The Combat Magnum was in her purse, and she was holding only the

thirty-two pistol. She had discovered she needed one hand to push aside

tall weeds and to grab convenient branches to pull herself over steeper

or more treacherous stretches of ground. She considered getting the

.357 out of the bag, but the sound of the zipper would pinpoint their

location to anyone who might be seeking them.

Anyone. That was a cowardly evasion. Surely, only one person might be

seeking them out here. Eric.

She and Benny had been moving directly south across the face of the

mountainside, catching brief glimpses of the cabin on the slope a couple

of hundred yards above, being careful to interpose trees and brush and

rock formations between themselves and the large picture windows that

made her think of enormous, square eye sockets.

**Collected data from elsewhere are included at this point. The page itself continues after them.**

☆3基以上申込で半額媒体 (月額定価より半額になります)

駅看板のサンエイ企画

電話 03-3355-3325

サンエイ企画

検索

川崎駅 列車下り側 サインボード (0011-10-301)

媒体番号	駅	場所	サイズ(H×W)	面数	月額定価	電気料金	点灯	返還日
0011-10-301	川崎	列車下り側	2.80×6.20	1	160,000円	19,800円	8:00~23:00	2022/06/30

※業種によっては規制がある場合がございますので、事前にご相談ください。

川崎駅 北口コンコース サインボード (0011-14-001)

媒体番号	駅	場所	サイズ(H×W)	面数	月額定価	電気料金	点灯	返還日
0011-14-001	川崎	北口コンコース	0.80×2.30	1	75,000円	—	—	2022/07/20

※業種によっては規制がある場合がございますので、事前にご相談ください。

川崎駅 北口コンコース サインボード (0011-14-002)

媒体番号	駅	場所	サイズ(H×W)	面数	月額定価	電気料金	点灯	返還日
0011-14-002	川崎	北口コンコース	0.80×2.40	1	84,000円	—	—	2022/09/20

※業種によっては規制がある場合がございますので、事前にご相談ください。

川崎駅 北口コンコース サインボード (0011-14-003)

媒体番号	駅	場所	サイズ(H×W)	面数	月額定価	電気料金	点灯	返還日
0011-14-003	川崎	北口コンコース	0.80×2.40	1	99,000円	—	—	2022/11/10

When they had been about thirty yards past the cabin, they had turned

east, which was upslope, and the way proved sufficiently steep that they

had progressed at only half the speed they had been making previously.

Benny’s intention had been to circle the cabin and come in behind it.

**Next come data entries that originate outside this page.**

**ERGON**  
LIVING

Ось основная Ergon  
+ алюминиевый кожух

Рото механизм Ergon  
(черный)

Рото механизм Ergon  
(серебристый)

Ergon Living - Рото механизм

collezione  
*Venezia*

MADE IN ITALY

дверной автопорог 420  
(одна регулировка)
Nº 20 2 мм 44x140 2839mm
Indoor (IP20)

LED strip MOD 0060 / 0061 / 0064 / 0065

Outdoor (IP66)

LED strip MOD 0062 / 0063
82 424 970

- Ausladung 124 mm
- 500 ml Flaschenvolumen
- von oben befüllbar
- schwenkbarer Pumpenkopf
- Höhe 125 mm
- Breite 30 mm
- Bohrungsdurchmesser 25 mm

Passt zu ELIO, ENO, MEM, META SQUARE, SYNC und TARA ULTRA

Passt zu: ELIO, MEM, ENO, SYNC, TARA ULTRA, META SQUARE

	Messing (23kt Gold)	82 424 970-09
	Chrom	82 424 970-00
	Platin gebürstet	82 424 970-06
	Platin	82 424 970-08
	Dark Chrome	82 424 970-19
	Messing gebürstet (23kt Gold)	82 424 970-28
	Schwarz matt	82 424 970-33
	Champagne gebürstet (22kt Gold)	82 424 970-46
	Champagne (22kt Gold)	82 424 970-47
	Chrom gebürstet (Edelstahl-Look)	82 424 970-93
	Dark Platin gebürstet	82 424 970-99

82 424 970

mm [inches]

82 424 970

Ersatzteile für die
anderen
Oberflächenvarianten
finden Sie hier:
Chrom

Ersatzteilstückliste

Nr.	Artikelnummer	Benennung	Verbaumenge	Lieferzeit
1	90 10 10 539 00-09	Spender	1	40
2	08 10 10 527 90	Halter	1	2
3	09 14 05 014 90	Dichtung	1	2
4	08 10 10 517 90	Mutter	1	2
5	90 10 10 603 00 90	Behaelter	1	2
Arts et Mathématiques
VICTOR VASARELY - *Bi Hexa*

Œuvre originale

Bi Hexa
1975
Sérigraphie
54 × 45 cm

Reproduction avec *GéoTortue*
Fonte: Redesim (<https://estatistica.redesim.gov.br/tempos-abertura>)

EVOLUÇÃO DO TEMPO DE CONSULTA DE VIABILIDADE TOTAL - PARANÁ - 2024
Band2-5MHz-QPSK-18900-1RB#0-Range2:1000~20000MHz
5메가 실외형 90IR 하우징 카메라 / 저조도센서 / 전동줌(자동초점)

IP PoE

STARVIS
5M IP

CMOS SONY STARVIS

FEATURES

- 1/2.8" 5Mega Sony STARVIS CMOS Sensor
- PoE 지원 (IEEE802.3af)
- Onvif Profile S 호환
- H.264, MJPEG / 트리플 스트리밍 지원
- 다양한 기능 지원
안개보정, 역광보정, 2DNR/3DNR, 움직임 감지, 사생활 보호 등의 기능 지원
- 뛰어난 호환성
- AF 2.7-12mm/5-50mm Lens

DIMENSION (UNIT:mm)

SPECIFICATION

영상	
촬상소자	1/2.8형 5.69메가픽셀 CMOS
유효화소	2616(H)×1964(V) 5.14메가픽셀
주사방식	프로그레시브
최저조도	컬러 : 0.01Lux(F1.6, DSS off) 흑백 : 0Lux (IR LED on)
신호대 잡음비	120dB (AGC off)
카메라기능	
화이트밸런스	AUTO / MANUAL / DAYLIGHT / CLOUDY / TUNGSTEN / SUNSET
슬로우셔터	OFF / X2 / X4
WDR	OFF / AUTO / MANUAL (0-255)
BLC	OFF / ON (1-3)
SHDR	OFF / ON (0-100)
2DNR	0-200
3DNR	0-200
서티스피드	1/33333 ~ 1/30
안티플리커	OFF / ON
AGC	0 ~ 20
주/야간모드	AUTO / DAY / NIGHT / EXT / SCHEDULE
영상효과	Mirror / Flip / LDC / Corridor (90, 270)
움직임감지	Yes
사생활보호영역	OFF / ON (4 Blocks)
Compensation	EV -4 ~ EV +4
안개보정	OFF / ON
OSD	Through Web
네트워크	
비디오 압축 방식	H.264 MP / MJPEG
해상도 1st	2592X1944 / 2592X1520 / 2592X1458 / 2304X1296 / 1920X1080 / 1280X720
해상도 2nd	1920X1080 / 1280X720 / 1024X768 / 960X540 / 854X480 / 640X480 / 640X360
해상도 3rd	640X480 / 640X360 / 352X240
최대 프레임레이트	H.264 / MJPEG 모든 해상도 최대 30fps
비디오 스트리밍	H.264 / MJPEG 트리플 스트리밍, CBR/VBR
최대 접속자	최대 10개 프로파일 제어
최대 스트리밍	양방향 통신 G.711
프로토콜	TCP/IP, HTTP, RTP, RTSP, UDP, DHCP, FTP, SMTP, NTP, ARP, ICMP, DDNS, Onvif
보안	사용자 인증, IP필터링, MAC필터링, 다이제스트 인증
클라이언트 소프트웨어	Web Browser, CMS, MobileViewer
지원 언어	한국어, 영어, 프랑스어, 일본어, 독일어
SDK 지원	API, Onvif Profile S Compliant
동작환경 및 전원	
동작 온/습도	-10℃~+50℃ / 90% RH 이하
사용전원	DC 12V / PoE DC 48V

Then, when they had ascended only about a hundred yards-which put them

still a hundred yards below and thirty south of the structure-Benny

heard something, stopped, eased up against the protective cover of a

spruce trunk that had a five-foot diameter, cocked his head, and raised

the shotgun.

Reeeeee, reeeeee, reeeeee .

In addition to the ceaseless cicada chorus-which had not fallen silent

because of their presence and, therefore, would not fall silent to

reveal anyone else’s presence, either-there was the annoyance of a noisy

wind. The breeze that had sprung up when they had come out of the

sporting-goods store down by the lake, less than threequarters of an

hour ago, had evidently grown stronger.

Not much of it reached as far as the sheltered forest floor, barely a

soft breath. But the upper reaches of the massive trees stirred

restlessly, and a hollow mournful moaning settled down from above as the

wind wove through the interstices of the highest branches.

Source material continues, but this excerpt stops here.